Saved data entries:
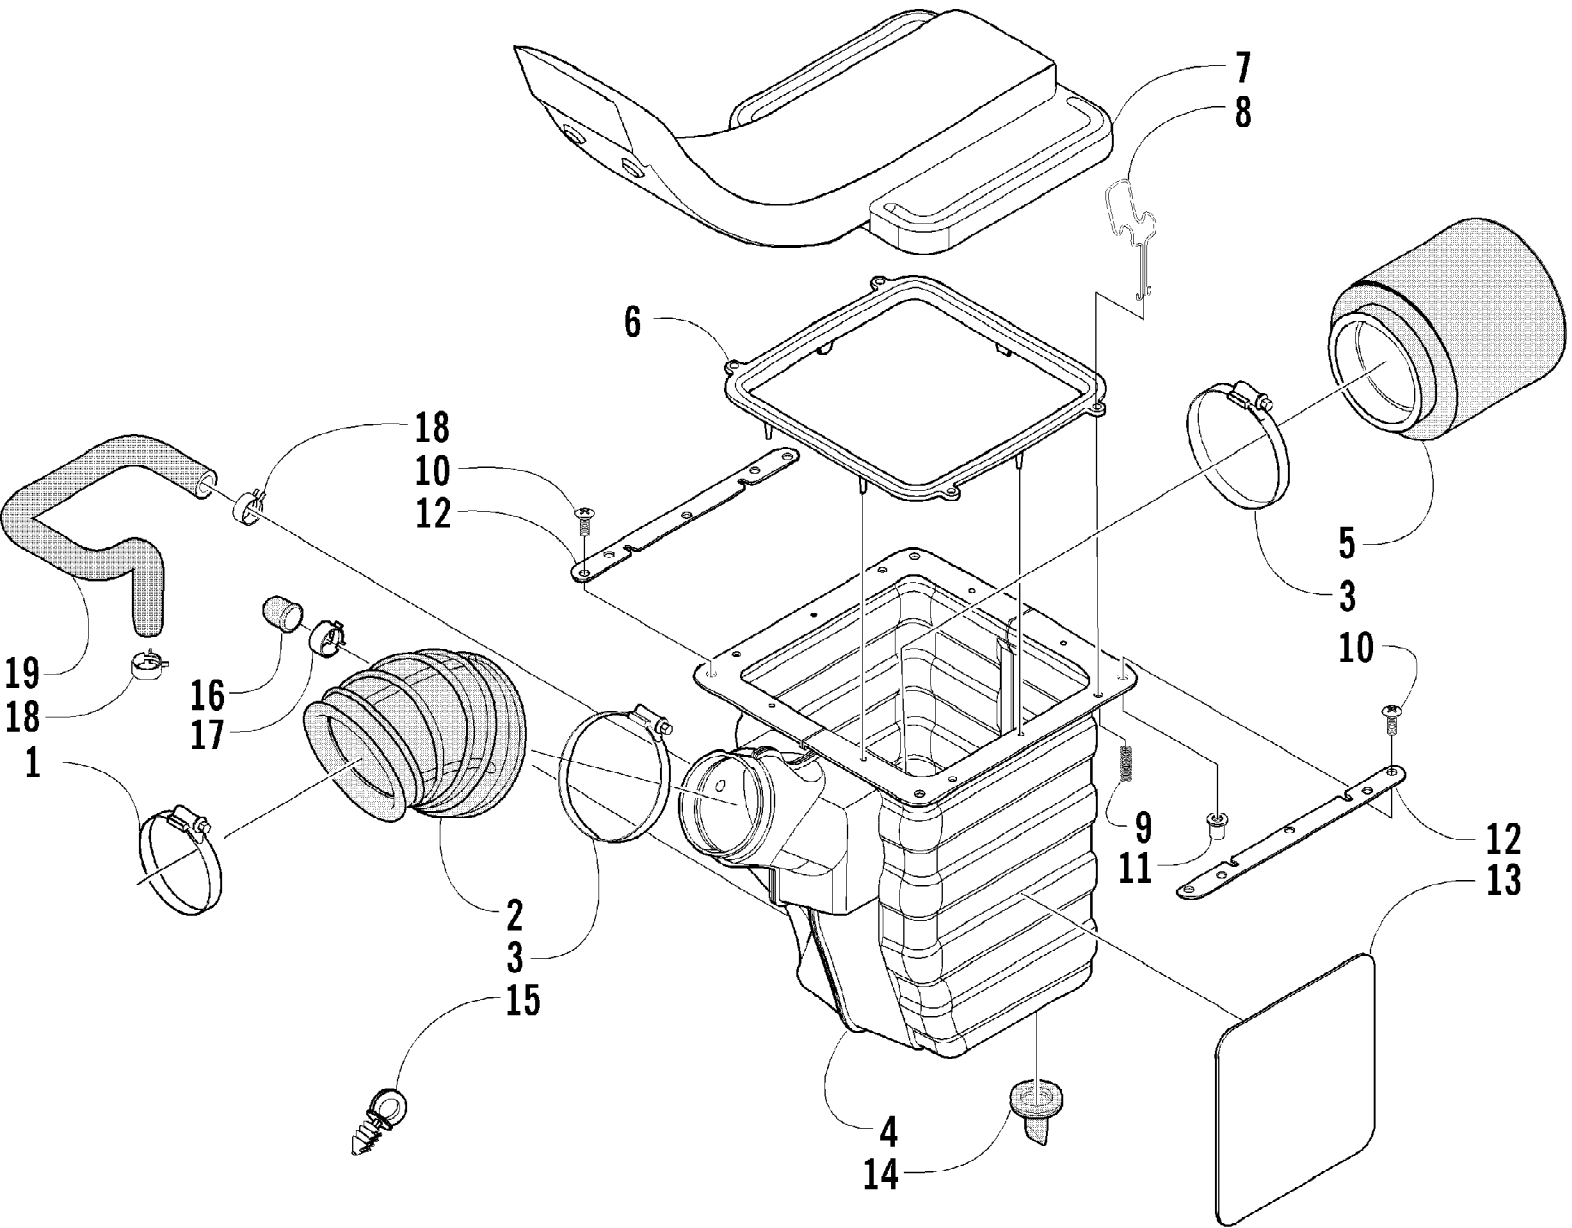

2004 ATV 400 AUTOMATIC TRANSMISSION 4X4 FIS CAT GREEN MRP (A200414100) Page 4 of 95
AIR INTAKE ASSEMBLY

2004 ATV 400 AUTOMATIC TRANSMISSION 4X4 FIS CAT GREEN MRP (A2004120195)
AIR INTAKE ASSEMBLY

Page 42 of 95

Instructions for the task: Transcribe all of the records exactly, without reproducing their pictures.

Response to the exercise:
2004 ATV 400 AUTOMATIC TRANSMISSION 4X4 FIS CAT GREEN MRP (A200414100) Page 4 of 95
AIR INTAKE ASSEMBLY

2004 ATV 400 AUTOMATIC TRANSMISSION 4X4 FIS CAT GREEN MRP (A2004120195)
AIR INTAKE ASSEMBLY

Page 42 of 95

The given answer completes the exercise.